Расцвет творчества Иванова пришелся на послевоенное время. Как вспоминает Н. Берберова: «В эти годы писал свои лучшие стихи, сделав их из личной судьбы (нищеты, болезней и алкоголя) нечто вроде мифа саморазрушения, где, перешагнув через наши обычные границы добра и зла, он далеко оставил за собой всех действительно живших «проклятых поэтов» и всех вымышленных литературных «пропащих людей» [Золотая книга русской эмиграции, 1997, с. 456].

Для нас основные ключи к поэзии Г.В.Иванова содержит следующий подход.

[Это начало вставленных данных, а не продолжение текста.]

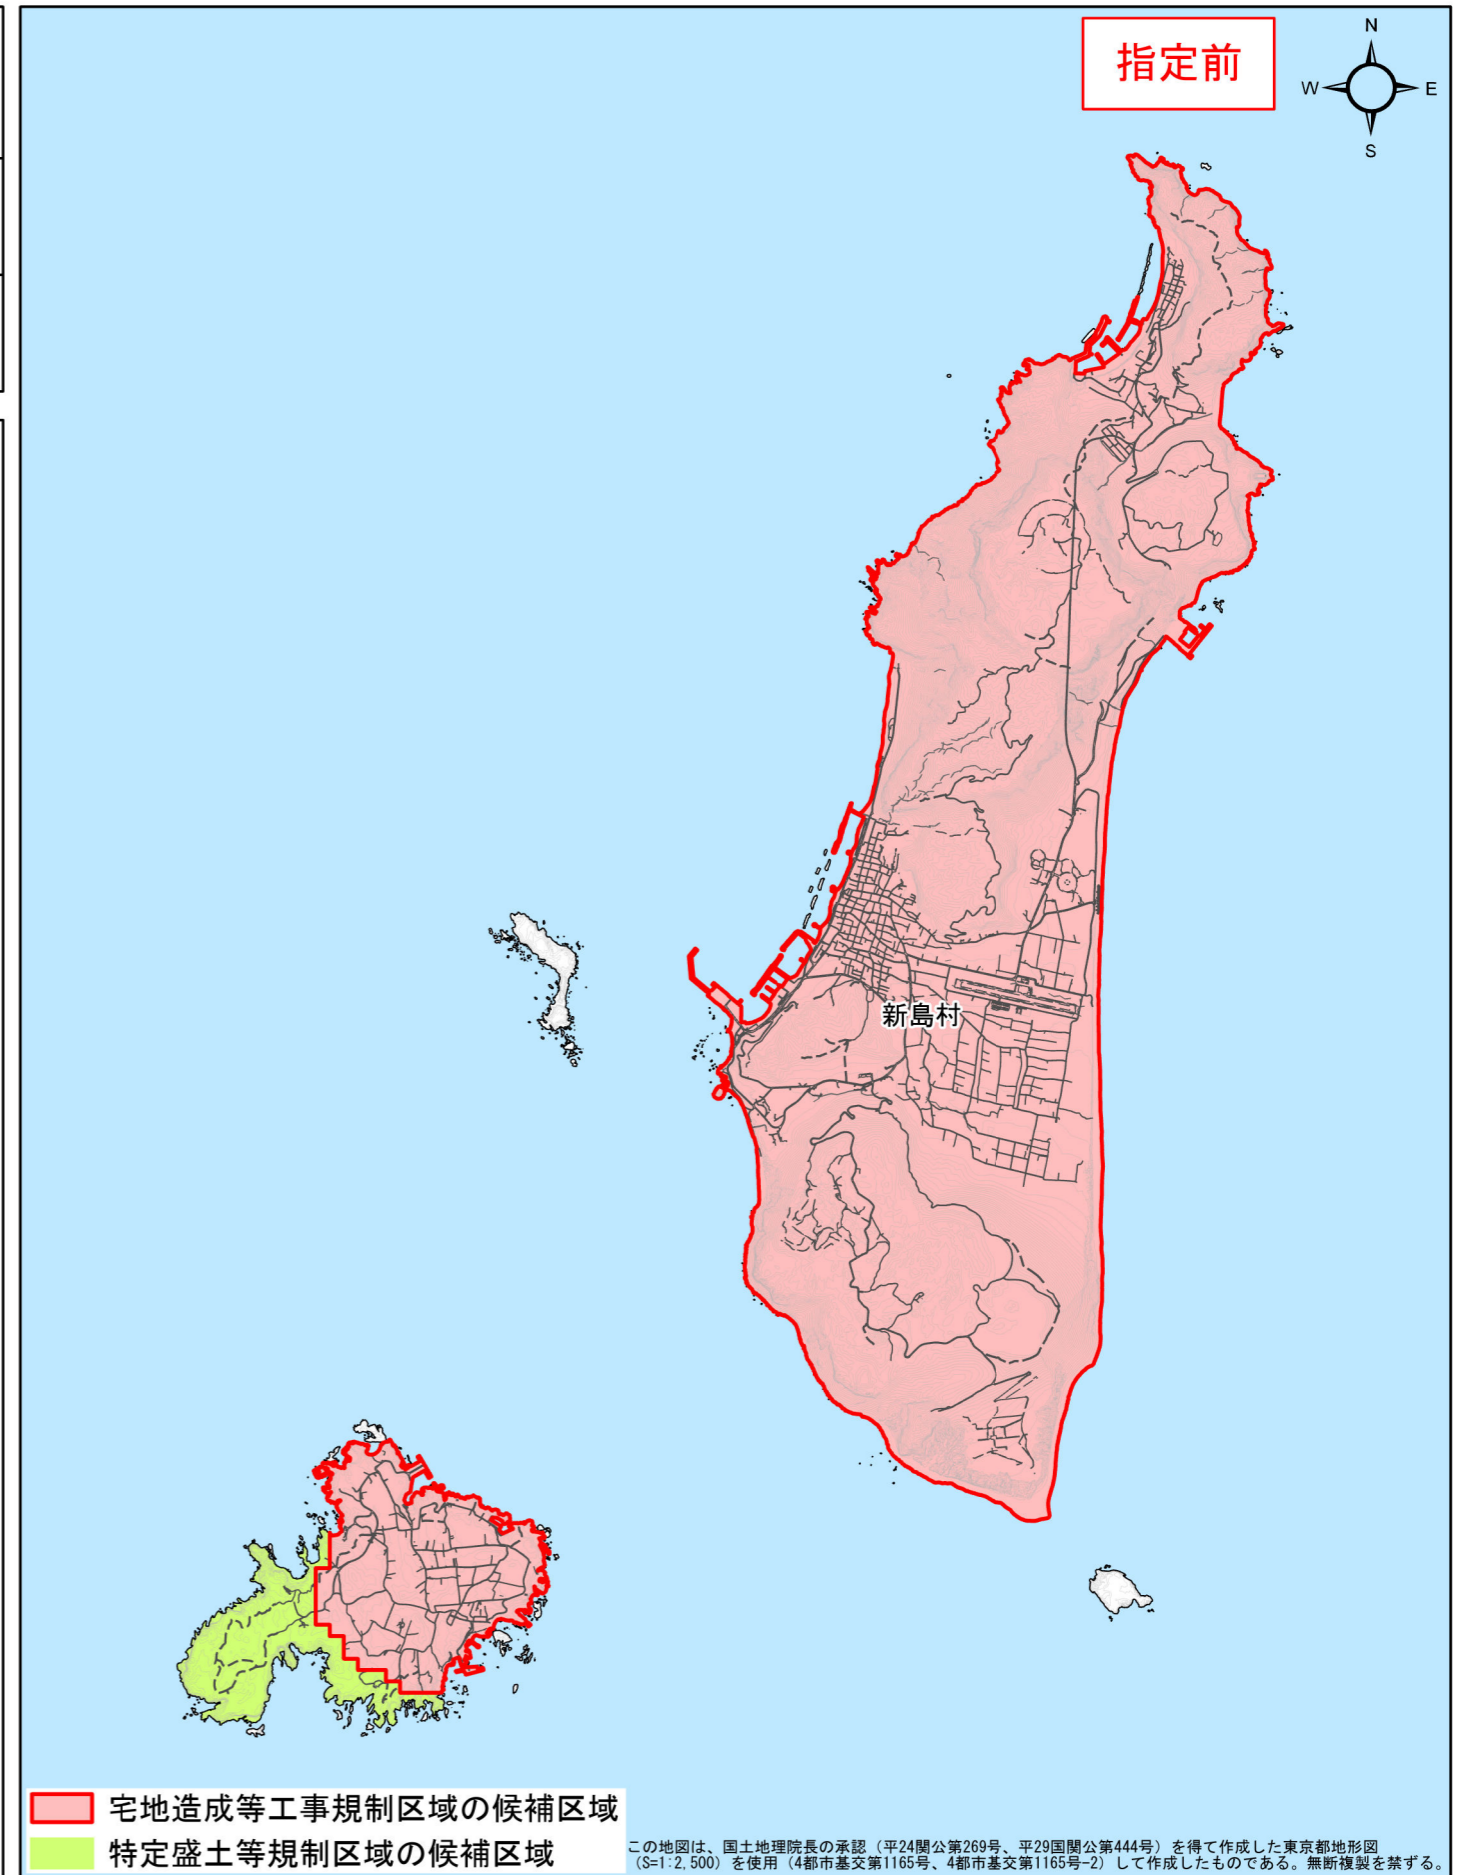

宅地造成等工事規制区域・特定盛土等規制区域の候補区域

区 域	宅地造成等工事規制区域、 特定盛土等規制区域の候補区域
所 在 地	新島村
調 査 時 期	令和4年12月～令和5年12月

全体位置図(縮尺= 1:500,000)

詳細位置図(縮尺= 1:75,000)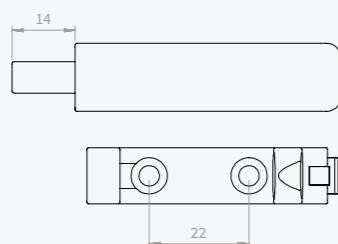

ANVÄNDS TILLSAMMANS MED LÅSBLECK C

Push-Out 40 mm

Max 2 dämpade gångjärn

372154

50 SEK

Push-Pull 14 mm

För neutrala gångjärn och LED

372622

В сознании каждого человека есть оппозиция добра и зла, которая разрушается в произведениях Георгия Иванова. Позиция лирического героя: над этими категориями, за их границами этого мира. В словарных статьях обращается внимание на то, что перед смертью Георгий Иванов жил в ужасных, нечеловеческих условиях: «Руки и ноги были исколоты иглой, а по подушке и одеялу бегали тараканы, комната неделями не убиралась», с больным постоянно случались приступы то дипрессии, то бешенства. Все это позволяло умирающему поэту оценить всю «скуку мирового безобразья». Он решительно, и главное, сознательно переходит в мир иных, сугубо экзистенциальных ценностей. Начинает осознавать трагичность конечности своего существования. Как отмечает В. Вейдле, в произведениях «гибель поэта неразрывно связана с торжеством». [Золотая книга русской эмиграции, 1997, с. 458]

«Репутация Георгия Иванова, – как повествует А. А. Аксенова в статье литературной энциклопедии русского зарубежья, – за границей многократно изменялась». [Золотая книга русской эмиграции, 1997, с. 455]

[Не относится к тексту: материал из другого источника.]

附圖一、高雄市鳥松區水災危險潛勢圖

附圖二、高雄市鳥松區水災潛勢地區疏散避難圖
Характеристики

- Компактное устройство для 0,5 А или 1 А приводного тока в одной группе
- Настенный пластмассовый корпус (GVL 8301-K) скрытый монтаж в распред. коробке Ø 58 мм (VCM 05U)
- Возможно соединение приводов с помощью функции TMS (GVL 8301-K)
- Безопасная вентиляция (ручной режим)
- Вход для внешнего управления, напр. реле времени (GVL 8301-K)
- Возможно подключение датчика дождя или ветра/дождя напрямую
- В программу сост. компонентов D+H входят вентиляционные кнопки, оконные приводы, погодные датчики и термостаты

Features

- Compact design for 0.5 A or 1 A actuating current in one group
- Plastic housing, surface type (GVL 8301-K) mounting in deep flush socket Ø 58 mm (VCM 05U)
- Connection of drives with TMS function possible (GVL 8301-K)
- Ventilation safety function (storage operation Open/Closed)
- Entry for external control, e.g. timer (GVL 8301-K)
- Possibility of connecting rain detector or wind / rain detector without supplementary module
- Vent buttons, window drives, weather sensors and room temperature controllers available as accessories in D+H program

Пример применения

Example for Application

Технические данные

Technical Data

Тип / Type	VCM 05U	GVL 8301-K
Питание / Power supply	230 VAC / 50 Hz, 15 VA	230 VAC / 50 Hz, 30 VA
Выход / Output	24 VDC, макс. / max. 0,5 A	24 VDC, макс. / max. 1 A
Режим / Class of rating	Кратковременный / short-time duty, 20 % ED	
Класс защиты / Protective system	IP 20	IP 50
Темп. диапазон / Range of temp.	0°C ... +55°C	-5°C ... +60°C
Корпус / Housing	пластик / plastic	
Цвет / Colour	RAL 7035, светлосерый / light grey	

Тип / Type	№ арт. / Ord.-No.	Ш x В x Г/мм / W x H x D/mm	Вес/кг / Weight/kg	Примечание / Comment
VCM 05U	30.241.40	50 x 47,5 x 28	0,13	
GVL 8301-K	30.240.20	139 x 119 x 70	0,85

Творчество Иванова осмыслялось по-разному:

К. Мочульский отмечал, что поэт терпел обвинения по поводу так называемой «декоративности, фальши и несвоевременности, ориентации на иные времена» его поэзии. События, описываемые в стихотворениях Иванова, не могут быть прикреплены к какому-либо времени, они носят панхроничный, вневременной характер. [Золотая книга русской эмиграции, 1997, с. 453]

Р.Н. Блох заявила, что «за десять лет, прошедших со дня выхода «Садов», грусть перестала быть стилизованной, она возросла до настоящей боли». [Золотая книга русской эмиграции, 1997, с. 456]

Георгию Иванову удалось перевести категории бытия в бытовые, реальные, жизненные категории и вместе с тем обнажить потаенные чувства грусти, гиперболизирующиеся в душевную боль.

Б. Поплавский подчеркивал метафизический характер поэзии Иванова. С этой точкой зрения можно согласиться, т.к. описываются бытийные категории, одна из которых рассматривается нами в настоящем исследовании: категория смерти. [Золотая книга русской эмиграции, 1997, с. 454]

Л. Червинская определила его поэзию, как полностью отобразившую атмосферу, царящую в эмиграции. А именно атмосферу смятения, шаткости и неопределенности, а также одиночества и покинутости, оставленности, отрешенности от родины. Критики отмечали также, что в поэзии Иванова всегда «из ада голосок», его стихи балансируют между жизнью и смертью. [Золотая книга русской эмиграции, 1997, с. 455]

В. Ходасевич наблюдал в поэзии Иванова высокую степень заимствования, проявление возможности образования собственной манеры повествования. [Золотая книга русской эмиграции, 1997, с. 455]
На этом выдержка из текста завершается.